You can think of `llm_client.py` as "the result of A2, frozen and made importable." If you change something in `llm_client.py`, you're changing the shared spine that B1 through D2 all sit on top of. If you want to play with retry / logging behaviour just inside one notebook, the safer move is to subclass `ClaudeClient` locally in that notebook rather than edit the shared file.

### Dependency graph at a glance

```
                    requirements.txt
                          │
                          ▼
                  (virtualenv / uv)
                          │
                          ▼
   .env  ──────►  llm_client.py  ──────►  notebooks/B1, B2, B3, ... .ipynb
                          ▲                        ▲
                          │                        │
                  A2 notebook                      │
                  (builds it from scratch)         │
                                                   │
                  scripts/generate_data.py ──► data/*  (CSV, MD, PDF, PNG)
                                                   │
                                                   ▼
                                          notebooks read from data/
```

Two simple rules follow from the diagram:

1. **Run `scripts/generate_data.py` once** before opening any notebook that uses a dataset — every notebook from B1 onward checks for its dataset and tells you if it's missing.
2. **Always launch Jupyter from the `notebooks/` directory** (`jupyter notebook notebooks/`) so the `from llm_client import ClaudeClient` import resolves without `sys.path` gymnastics.

---

## Shared datasets

All notebooks read from `data/`, which is generated by `scripts/generate_data.py`. Re-running the generator is idempotent and safe.

| File | Used in | What it represents |
|---|---|---|
| `data/saas_metrics.csv` | B1, B3, C2 | 12 months × 3 customer segments × MRR / new MRR / churn / expansion |
| `data/pipeline_jobs.csv` | C2, D2 | Daily ETL job runs with status, duration, and SLA flags |
| `data/warehouse_usage.csv` | C1, C2 | Per-user warehouse query counts and costs |
| `data/qbr_q3_2025.md` | B2, B4, B5 | Synthetic quarterly business review (RAG corpus + PDF source) |
| `data/runbook_data_quality.md` | B4, B5 | Synthetic data-quality incident runbook |
| `data/runbook_warehouse_cost.md` | B3, B4, B5 | Synthetic warehouse cost-control runbook (long doc — good caching target) |
| `data/qbr_q3_2025.pdf` | B2 | Generated from the markdown via `reportlab` |
| `data/dashboard_screenshot.png` | B2 | Generated chart PNG (matplotlib) |

All datasets are **synthetic**. No real client data is included.

---

## Conventions used across notebooks

- **Python 3.11+**, `anthropic>=0.40`.
- **A2 builds the wrapper, B1 onward imports it.** A2's notebook defines `ClaudeClient` inline as a teaching exercise.
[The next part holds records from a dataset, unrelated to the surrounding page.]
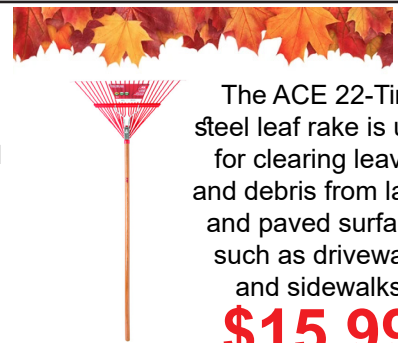

(74978)

The ACE 22-Tine steel leaf rake is used for clearing leaves and debris from lawns and paved surfaces such as driveways and sidewalks.

$15.99

SNOW SHOVELS

It's ALMOST snow shovelling season. Be ahead of the game and purchase your shovel now! Clear large surfaces quickly with our Garant extra-wide snow pushers!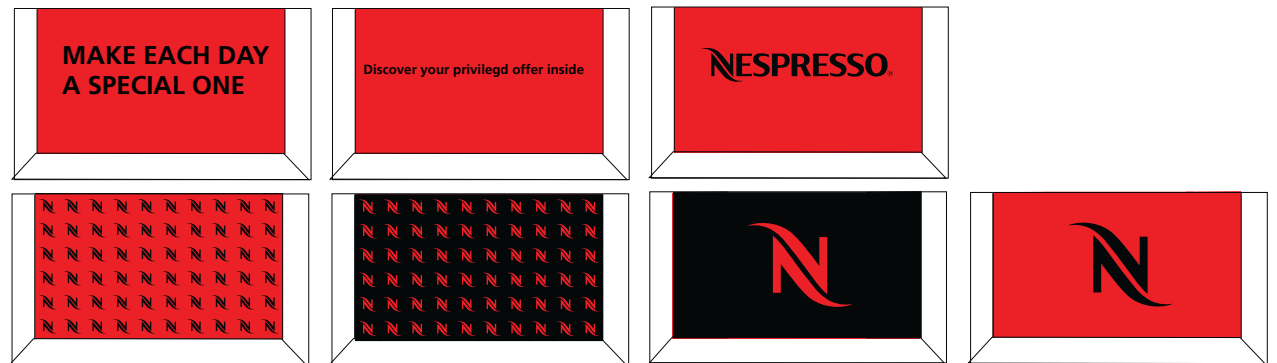

Aluminium

Texture

----- Space 3D technology

Example 3D Animation

Variations

Mirror

Project - Examples d'animation

Story of a Nespresso coffee

Corporate Identity

Christmas Symbol

Project - Animation

It's snowing coffee

Mouvment:
From Red to Grey

Coffee sensations

Mouvment:
From Grey to Red

Machines celebration

Mouvment:
From Grey to Red

Project - Windows

Virtual animation on the Window with two mini - windows on both sides

Virtual animation on the Window with one mini-window

Project - Windows

Mechanic Animation with mirrors on both sides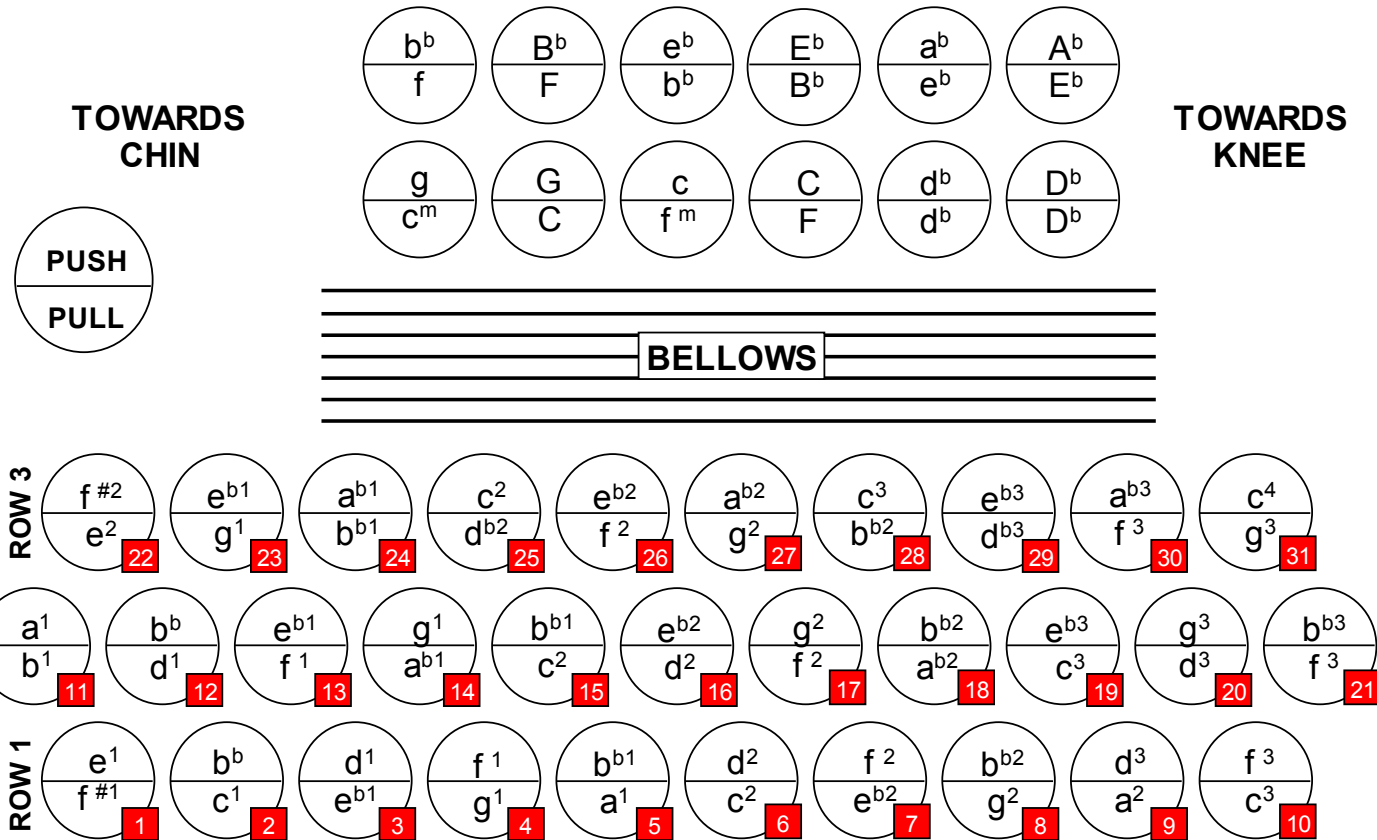

BUTTON KEYBOARD F^bE^b

Corona II / III, Rey del Vallenato, Compadre

TOWARDS
CHIN

TOWARDS
KNEE

HOHNER

ENJOY MUSIC

DIATONIC KEYBOARD ADG

31 Buttons

HOHNER

ENJOY MUSIC

DIATONIC KEYBOARD GCF

31 Buttons

HOHNER

ENJOY MUSIC

DIATONIC KEYBOARD EAD

31 Buttons

HOHNER

ENJOY MUSIC

DIATONIC KEYBOARD B^bE^bA^b

31 Buttons

HOHNER

ENJOY MUSIC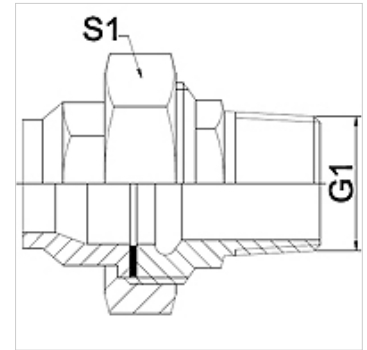

# WA VCF RG

Connector ... VCF, red bronze

**HANSA FLEX**

## Properties

<b>Application</b>	Connection fitting for metal hoses
<b>Connection 1</b>	imperial outer thread, conical
<b>Sealing form 1</b>	flat sealing
<b>Standard</b>	DIN EN 10226 / ISO 7-1
<b>Application</b>	soldered variant temperature resistant up to 200 °C
<b>Construction</b>	straight
<b>Design</b>	3-part threaded connection
<b>Material</b>	Red bronze

## Note

Width across flats values are listed for reference purposes!

## Item

Identification	DN	G1	S1 (mm)
WA 013 VCF RG	13	R 1/2"	28,0
WA 020 VCF RG	20	R 3/4"	32,0
WA 025 VCF RG	25	R 1"	42,0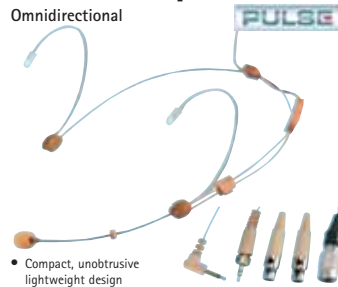

Super Lightweight Headset Microphone with Telescopic Boom

1. **Omni-directional**
2. Compact, unobtrusive lightweight design
   - Telescopic microphone boom
   - Microphone boom can be fitted on either side
   - Highly sensitive condenser microphone
   - Wide transmission range
   - Excellent ambient noise control
   - Different connector types available
   - Supplied with windshield/pop noise head

Technical Data

Pick-Up Pattern Omnidirectional
Frequency Response 20 to 20kHz
Impedance 1.1kΩ ±30% @ 1kHz
Sensitivity -65dB ±3dB (0dB = 1V/microbar)
Operating Voltage 1 - 10V dc (RL: 2.2kΩ)
Colour Light Brown
Cable Length 1m
Weight 8.2g (w/o cable and plug) 483196

MP3390741	3.5mm Jack Plug (90°)
MP3390841	3.5mm Lock Jack Plug
MP3390941	3-Pin Mini XLR Female
MP3391041	4-Pin Mini XLR Female
MP3415041	4-Pin HiRose Compatible

£29.95

Active Monitors with iPod® Dock and USB

Models: StudioDock 3i/4i

StudioDock® is a total solution for listening to your music. With its on-board iPod® dock and USB interface, StudioDock lets you record, mix, sync and take your music with you.

- Magnetically shielded, inverted cone, copolymer woofer with Santoprene surround
- 1" silk dome high frequency tweeter
- Bass reflex vented cabinet design
- Front panel 3.5mm stereo aux output jack, headphone output jack, volume control and USB 2.0 connection
- Convenient rear panel RCA inputs
- Charges iPod® while it's docked
- Passive crossovers utilizing multi-pole design for linear response
- Solid Medium Density Fiberboard (MDF) construction for maximum SPL
- USB and speaker cables included

Technical Data

Model	StudioDock 3i	StudioDock 4i
Power Handling (RMS)	30W (2 x 15W)	40W (2 x 20W)
Woofer	3.25"	4.25"
Frequency Response	80Hz - 23kHz	65Hz - 23kHz
	HPF: 8kHz	HPF: 4kHz
	LPF: 2kHz	LPF: 1.4kHz
Crossover Frequency		
Dimensions (WxHxD)		
Active	130x172x172mm	168x232x229mm
Passive	130x172x165mm	168x232x194mm
Weight		
Active	2.3kg	4.3kg
Passive	1.4kg	3kg

LS0332641 StudioDock 3i **£81.50**
LS0332741 StudioDock 4i **£108.50**

Dynamic Vocal Microphone

A general purpose hand-held microphone with a heavyweight design and a grey ABS case. Ideal for presentations, karaoke and general speech or vocal applications. Supplied with a 5m lead terminating in 6.35mm(1/4") Jack plug. Includes On/Off switch.

Technical Data

Frequency Response 80Hz to 12kHz
Sensitivity -76dB ±3dB (0dB=1V/μ. bar, 1kHz)
Impedance 600Ω
Dimensions (LxDia.) 166x85mm

£4.75
order code MP3384741 464732

Blue Line Series - Professional Vocal Dynamic Microphone

- Rugged and durable construction
- Uni-directional cardioid polar pattern for feedback rejection
- Low output impedance
- Sturdy silver mesh grille
- Integral on/off slide switch
- 5m OFC microphone cable enhances sound quality (3-pin XLR to 6.3mm Jack plug)

Technical Data

Type Uni-directional Dynamic
Frequency Response 100Hz-16kHz
Pick-up Pattern Cardioid
Sensitivity -76dB ±3dB
Impedance 500Ω
Housing Plastic
Connector 3-pin XLR- 6.3mm jack plug
Cable Length 5m
Weight 190g
Dimensions (LxDia.) 173x953mm

Every later notebook starts with `from llm_client import ClaudeClient` and never redefines it.
- **Three-section pattern** in every notebook: *Setup → Walkthrough → Practitioner Lab*.
- **No notebook depends on another notebook's state.** Notebooks may share datasets and the `llm_client` module; they never share Python variables.
- **No real API key in version control.** `.env` is gitignored; `.env.example` shows the shape.
- **Cost-conscious examples.** Every notebook prints estimated cost per call when relevant (after you populate `PRICES_PER_M_TOKENS` in `llm_client.py` with current rates from [anthropic.com/pricing](https://www.anthropic.com/pricing)).

---

## License

Code in this repository: MIT, © 2026 DataMy.
Concepts attributed to Anthropic as cited inline. Not affiliated with Anthropic.